▸ Description of the task
From the records below, return every line containing the word "Interruttore".

Recorded data:
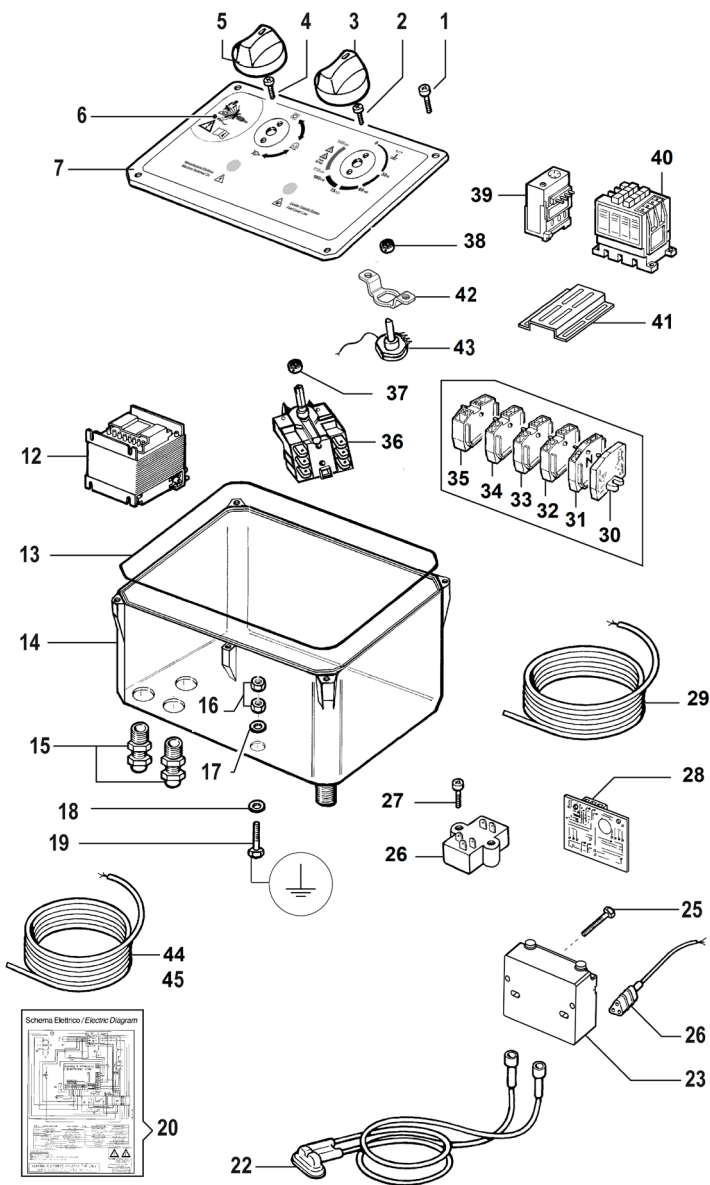

N°	Cod.	Descrizione	Description	Note	Q.ty	Model
1	3625 0035	Vite	Screw	3,5x19	6	
2	3623 0007	Vite	Screw	M4x10	2	
3	1817 0081	Manopola Potenziometro	Potentiometer Knob		1	
4	3623 0007	Vite	Screw	M4x10	2	
5	1817 0081	Manopola Interruttore	Switch Knob		1	
6	0457 0046	Etichetta Quadro Elettr.	Electrical Panel Sticker		1	
7	0402 0318	Coperchio	Cover		1	
12	3226 0084	Trasformatore B.T.	L.T. Transformer	230-400V/24V	1	
13	1201 0142	Guarnizione	Gasket		1	
14	3001 0148	Scatola Elettrica	Electrical Box		1	
15	2434 0003	Pressacavo Cavo Elettr.	Cable Holder	PG16	2	
16	0604 0091	Dado	Nut	M5x5	4	
17	2819 0009	Rosetta Elastica	Spring Washer	Ø5,3x10	3	
18	2811 0037	Rondella	Washer	Ø5,3x10	1	
19	3607 0234	Vite Testa Esagonale	Hexagonal Screw	M5x30	1	
20	1610 1136	Schema Elettrico	Electric Diagram	TRF 400/50	1	
22	0535 0073	Kit Cavo Elettrodo	Electrode Cable Kit		1	
23	3226 0082	Trasformatore A.T.	H.T. Transformer	230v-50/60	1	
24	0456 0361	Cavo Trasform. A.T.	H.T. Transformer Cable	L=800	1	
25	3609 0199	Vite	Screw	M5x40	2	
26	1002 0118	Filtro Anti-disturbo	Electronic Filter		1	
27	3625 0050	Vite	Screw	4,2x9,5	2	
28	3043 0039	Scheda Elettronica	P.C. Board		1	
29	0456 0247	Cavo Elettrico	Electrical Cable	TRF 2,5mm² L=6,8m	1	
30	1805 0040	Morsetto Chiusura	End Wire Connector	Grigio / Grey	1	
31	1805 0041	Morsetto	Wire Connector	Grigio / Grey	1	
32	1805 0041	Morsetto	Wire Connector	Grigio / Grey	1	
33	1805 0049	Morsetto	Wire Connector	Grigio / Grey	1	
34	1805 0042	Morsetto Chiusura	End Wire Connector	Blu / Blue	1	
35	1805 0043	Morsetto	Wire Connector	Grigio / Grey	1	
36	1410 0147	Interruttore 0-1-2	0-1-2 Switch		1	
37	0204 0041	Boccola	Bushing-Seal		1	
38	0204 0064	Boccola	Bushing-Seal		1	
39	2821 0043	Relé	Relay	13 / 18 Amp	1	9.16 - 9.21
39	2821 0044	Relé	Relay	17 / 23 Amp	1	10.22-10.17
40	3225 0075	Teleruttore	Remote Control Switch	18A 24V 50/60HZ	1	9.16 - 9.21
	3225 0078	Teleruttore	Remote Control Switch	25A 24V 50/60HZ	1	10.22-10.17
41	2404 0168	Staffa Teleruttore	Remote Control Bracket		1	
42	2404 0176	Staffa Potenziometro	Potentiometer Plate		1	
43	2441 0049	Potenziometro	Potentiometer		1	
44	0456 0357	Cavo Elettrico	Electrical Cable	TRF 2,5mm² L=2,3m	1	9.16 - 9.21
44	0456 0472	Cavo Elettrico	Electrical Cable	TRF 2,5mm² L=2,3m	1	10.22-10.17
45	0456 0413	Cavo Elettrico	Electrical Cable	0,75mm² L=2,3m	1

▸ Output
5	1817 0081	Manopola Interruttore	Switch Knob		1	
36	1410 0147	Interruttore 0-1-2	0-1-2 Switch		1	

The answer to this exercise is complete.